━━━ Material for this task ━━━

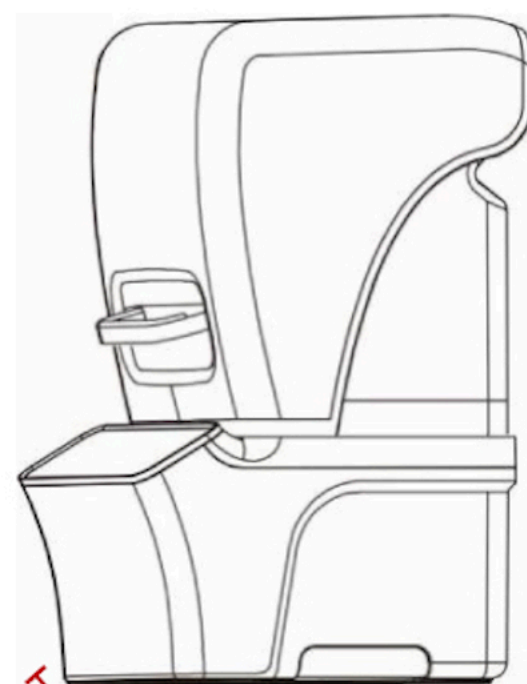

LICUADORA QUIET PRO

CON CUBIERTA ANTI-RUIDO

- ✓ Sistema silencioso, sonido reducido para una mejor atmosfera.
- ✓ Licuadora para: Cafeterías, Bares, Hoteles, Restaurantes.
- ✓ Poderosa y silenciosa con capelo de 9mm de espesor.
- ✓ 6 programas pre establecidos y re programables. Avanzada tecnología de amortiguación de vibraciones.
- ✓ 3.5 HP de potencia de salida máxima inigualable.
- ✓ Apagado automático (permite elaborar mezclas mientras se toma la siguiente orden).

Poderosa y Silenciosa
Con capelo de 9mm de espesor.

Quiet-Series

Vaso de Copoliester
de 2.0 LT de alto impacto.

Almohadilla central
Permite una limpieza
más sencilla en un solo
paso.

**Sistema de aspas
y acoplamiento**
en acero inoxidable,
brinda una larga vida.

Display Digital
6 programas
pre establecidos
y re programables.

425 mm

220 mm

260 mm

Modelo
BE6000

Frecuencia
60 Hz

Peso Neto
6.25 Kg

Voltaje
127 VAC

Capacidad
2 Litros

Color
Negro

Potencia
3.5 HP

Medidas
425x220x
260mm

Cubierta Anti Ruido
9 mm

━━━

> **Task prompt**
A faithful, complete copy of the entries is required, without the pictures.

> **Answer to the problem**
LICUADORA QUIET PRO

CON CUBIERTA ANTI-RUIDO

- ✓ Sistema silencioso, sonido reducido para una mejor atmosfera.
- ✓ Licuadora para: Cafeterías, Bares, Hoteles, Restaurantes.
- ✓ Poderosa y silenciosa con capelo de 9mm de espesor.
- ✓ 6 programas pre establecidos y re programables. Avanzada tecnología de amortiguación de vibraciones.
- ✓ 3.5 HP de potencia de salida máxima inigualable.
- ✓ Apagado automático (permite elaborar mezclas mientras se toma la siguiente orden).

Poderosa y Silenciosa
Con capelo de 9mm de espesor.

Quiet-Series

Vaso de Copoliester
de 2.0 LT de alto impacto.

Almohadilla central
Permite una limpieza
más sencilla en un solo
paso.

**Sistema de aspas
y acoplamiento**
en acero inoxidable,
brinda una larga vida.

Display Digital
6 programas
pre establecidos
y re programables.

425 mm

220 mm

260 mm

Modelo
BE6000

Frecuencia
60 Hz

Peso Neto
6.25 Kg

Voltaje
127 VAC

Capacidad
2 Litros

Color
Negro

Potencia
3.5 HP

Medidas
425x220x
260mm

Cubierta Anti Ruido
9 mm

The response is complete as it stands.